His head throbbed. Now he had to listen and struggle to speak in two languages. Shit.

Ten minutes later he admitted that watching his mother and Grace try to communicate was better than daytime talk shows. Grace’s left hand held a cup shape while she imitated the whirring swoosh noise of an espresso machine. “¿
Uno?
Dos?
Con lee-ches?

“Lay-chay,” he prodded her with the pronunciation of the Spanish word for milk.

Grace whipped around and caught his grin, and tossed it back with her own laugh. “Do those fingers in the air mean you want a double shot, or two percent milk, or two lattes so you can double-fist?” She leaned close enough that he caught a whiff of her sweet scent again. “My sister the teacher likes to say you get what you get and you don’t get upset.”

“Di-a-di-a—” His fingers mimed a finger-prick test, then a syringe, as he tried to convey that his mother had diabetes so she could buy fruit in the cafeteria instead of pastries. “Bee—”

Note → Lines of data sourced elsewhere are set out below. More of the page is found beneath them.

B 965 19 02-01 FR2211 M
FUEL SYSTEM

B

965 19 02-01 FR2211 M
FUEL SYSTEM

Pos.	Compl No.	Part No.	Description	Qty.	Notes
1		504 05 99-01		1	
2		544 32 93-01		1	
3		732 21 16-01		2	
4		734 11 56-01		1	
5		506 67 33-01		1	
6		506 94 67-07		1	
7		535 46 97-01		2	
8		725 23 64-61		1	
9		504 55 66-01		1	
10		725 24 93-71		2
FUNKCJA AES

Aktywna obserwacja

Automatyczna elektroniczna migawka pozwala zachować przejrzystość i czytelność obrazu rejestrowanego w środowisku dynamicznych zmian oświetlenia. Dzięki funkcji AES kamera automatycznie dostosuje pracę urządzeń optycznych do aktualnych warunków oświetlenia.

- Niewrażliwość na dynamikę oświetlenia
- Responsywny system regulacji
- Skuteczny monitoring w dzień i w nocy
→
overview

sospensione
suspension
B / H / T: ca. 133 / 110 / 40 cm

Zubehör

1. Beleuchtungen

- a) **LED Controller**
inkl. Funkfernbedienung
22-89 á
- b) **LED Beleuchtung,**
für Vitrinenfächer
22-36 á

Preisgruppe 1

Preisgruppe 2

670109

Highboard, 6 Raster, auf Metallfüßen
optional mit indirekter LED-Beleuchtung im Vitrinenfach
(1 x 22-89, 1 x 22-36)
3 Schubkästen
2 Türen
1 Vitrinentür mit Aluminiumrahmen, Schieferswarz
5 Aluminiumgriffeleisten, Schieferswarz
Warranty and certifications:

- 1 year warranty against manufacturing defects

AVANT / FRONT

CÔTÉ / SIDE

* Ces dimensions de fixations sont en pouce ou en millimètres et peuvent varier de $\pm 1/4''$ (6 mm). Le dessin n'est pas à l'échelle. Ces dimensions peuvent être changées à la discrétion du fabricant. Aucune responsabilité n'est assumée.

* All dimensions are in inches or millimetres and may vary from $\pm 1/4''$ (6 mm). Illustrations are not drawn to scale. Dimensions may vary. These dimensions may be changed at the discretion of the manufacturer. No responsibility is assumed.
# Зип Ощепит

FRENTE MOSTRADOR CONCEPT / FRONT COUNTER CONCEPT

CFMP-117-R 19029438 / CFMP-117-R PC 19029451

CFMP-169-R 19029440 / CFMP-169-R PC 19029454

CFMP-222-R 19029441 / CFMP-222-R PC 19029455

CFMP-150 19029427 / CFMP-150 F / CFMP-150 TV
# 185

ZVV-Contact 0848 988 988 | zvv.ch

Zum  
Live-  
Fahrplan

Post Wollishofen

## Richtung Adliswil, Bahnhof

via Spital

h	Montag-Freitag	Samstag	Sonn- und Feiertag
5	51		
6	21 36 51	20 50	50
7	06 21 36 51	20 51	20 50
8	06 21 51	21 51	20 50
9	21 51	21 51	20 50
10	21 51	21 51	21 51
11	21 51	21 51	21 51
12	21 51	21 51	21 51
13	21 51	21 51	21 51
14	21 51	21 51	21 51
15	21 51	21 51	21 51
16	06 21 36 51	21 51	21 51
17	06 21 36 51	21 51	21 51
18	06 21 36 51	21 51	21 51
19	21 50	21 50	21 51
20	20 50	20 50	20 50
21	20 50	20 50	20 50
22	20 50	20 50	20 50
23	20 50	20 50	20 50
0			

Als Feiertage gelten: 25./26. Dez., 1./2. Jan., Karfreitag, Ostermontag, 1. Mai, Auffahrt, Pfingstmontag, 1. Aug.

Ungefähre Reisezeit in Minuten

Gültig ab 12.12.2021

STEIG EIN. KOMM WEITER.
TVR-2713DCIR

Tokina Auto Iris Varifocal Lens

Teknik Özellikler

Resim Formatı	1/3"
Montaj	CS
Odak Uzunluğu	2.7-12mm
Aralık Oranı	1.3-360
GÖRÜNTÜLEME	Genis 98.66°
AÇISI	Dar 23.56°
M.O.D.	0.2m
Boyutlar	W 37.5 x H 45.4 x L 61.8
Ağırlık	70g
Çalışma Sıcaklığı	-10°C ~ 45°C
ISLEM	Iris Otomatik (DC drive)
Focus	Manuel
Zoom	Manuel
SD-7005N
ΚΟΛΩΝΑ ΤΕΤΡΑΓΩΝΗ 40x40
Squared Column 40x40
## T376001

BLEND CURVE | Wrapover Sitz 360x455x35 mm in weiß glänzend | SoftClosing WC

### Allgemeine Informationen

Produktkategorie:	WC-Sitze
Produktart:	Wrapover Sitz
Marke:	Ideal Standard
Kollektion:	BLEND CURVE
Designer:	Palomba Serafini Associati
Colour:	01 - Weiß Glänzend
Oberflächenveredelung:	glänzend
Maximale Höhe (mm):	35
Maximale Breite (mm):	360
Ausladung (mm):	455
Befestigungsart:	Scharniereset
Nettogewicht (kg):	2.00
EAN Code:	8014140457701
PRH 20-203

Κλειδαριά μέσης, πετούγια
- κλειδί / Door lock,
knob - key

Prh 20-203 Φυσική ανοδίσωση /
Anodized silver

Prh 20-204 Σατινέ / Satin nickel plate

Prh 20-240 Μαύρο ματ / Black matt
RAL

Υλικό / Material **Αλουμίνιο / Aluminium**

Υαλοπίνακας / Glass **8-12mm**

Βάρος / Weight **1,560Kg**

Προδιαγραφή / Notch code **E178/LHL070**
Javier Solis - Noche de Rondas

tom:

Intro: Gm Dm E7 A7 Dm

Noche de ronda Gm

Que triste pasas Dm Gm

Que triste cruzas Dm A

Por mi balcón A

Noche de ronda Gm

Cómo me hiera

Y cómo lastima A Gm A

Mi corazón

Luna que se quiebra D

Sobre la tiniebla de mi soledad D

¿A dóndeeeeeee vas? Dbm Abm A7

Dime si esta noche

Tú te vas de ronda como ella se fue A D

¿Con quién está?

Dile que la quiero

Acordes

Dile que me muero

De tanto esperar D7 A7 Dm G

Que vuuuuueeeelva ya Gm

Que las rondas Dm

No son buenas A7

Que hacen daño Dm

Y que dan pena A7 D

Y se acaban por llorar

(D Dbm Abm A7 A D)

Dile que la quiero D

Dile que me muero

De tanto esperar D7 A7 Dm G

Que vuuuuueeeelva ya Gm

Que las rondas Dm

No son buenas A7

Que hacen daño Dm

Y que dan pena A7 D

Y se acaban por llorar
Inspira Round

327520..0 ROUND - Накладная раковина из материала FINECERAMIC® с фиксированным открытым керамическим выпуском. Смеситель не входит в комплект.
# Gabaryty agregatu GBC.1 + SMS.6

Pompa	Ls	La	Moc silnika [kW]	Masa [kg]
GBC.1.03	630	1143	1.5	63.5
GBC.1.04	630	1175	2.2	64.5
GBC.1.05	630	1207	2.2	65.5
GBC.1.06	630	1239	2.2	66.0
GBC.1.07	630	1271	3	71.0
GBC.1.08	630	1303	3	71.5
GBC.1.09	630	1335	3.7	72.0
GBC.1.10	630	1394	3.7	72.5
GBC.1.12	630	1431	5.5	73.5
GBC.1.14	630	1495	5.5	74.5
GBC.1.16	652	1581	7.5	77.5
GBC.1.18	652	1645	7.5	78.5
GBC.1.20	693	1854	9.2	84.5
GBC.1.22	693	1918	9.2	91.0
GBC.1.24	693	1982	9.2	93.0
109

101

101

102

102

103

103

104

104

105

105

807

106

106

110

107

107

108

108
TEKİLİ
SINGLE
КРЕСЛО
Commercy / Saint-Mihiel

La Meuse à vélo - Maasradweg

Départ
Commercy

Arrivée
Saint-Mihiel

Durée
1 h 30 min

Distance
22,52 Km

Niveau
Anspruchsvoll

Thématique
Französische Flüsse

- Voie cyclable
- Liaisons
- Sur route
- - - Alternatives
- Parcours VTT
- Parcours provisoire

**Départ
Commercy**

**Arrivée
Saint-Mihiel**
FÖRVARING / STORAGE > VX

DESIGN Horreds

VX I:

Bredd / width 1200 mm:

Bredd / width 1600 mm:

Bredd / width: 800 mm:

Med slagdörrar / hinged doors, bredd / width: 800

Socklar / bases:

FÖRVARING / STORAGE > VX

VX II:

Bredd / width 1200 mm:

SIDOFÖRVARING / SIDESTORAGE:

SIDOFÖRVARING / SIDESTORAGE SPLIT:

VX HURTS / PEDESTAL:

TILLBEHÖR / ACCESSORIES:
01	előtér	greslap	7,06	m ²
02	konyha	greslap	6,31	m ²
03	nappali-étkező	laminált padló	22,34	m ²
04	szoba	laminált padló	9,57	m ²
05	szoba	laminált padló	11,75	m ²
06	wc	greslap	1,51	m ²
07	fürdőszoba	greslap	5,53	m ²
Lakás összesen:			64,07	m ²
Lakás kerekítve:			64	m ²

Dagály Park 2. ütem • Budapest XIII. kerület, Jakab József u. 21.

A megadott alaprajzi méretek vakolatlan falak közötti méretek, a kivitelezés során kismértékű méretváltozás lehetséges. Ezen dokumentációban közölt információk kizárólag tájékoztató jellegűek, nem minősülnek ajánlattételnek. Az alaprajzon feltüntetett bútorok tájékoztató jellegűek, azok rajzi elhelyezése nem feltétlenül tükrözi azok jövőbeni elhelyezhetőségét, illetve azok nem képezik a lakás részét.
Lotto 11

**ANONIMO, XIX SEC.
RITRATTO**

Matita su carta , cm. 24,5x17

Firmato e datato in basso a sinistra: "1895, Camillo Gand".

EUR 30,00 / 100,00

A loud thump jerked Grace upright.

His mother had collapsed into a chair. She hadn’t fallen, but her skin was gray, she had one hand on her chest and both eyes closed.

“Go!” He scrambled to the call button while Grace sprinted from the room, yelling for a nurse. Using his arms and hips he flopped to the foot of his bed, but he couldn’t touch his mother. Her chair was too far. “¡Mamá!”

She didn’t answer, but her chest moved enough that he felt able to take a matching breath as he yanked out his drip. He had to reach her, so he gritted his teeth against his leg pain and rolled to the gap between the bed bars and the footboard. If he went out face first, like a push-up, he could hand-walk out of it and try to land only on his remaining knee.

Two nurses double-timed into the room and pressure cuffed his mother before he could manage more than his fingertips on the floor. At least they ignored how he was hung up on the edge of the mattress, instead assisting his mother into a wheelchair. Grace was the one who wrapped her arms under his armpits and helped him work backward into place.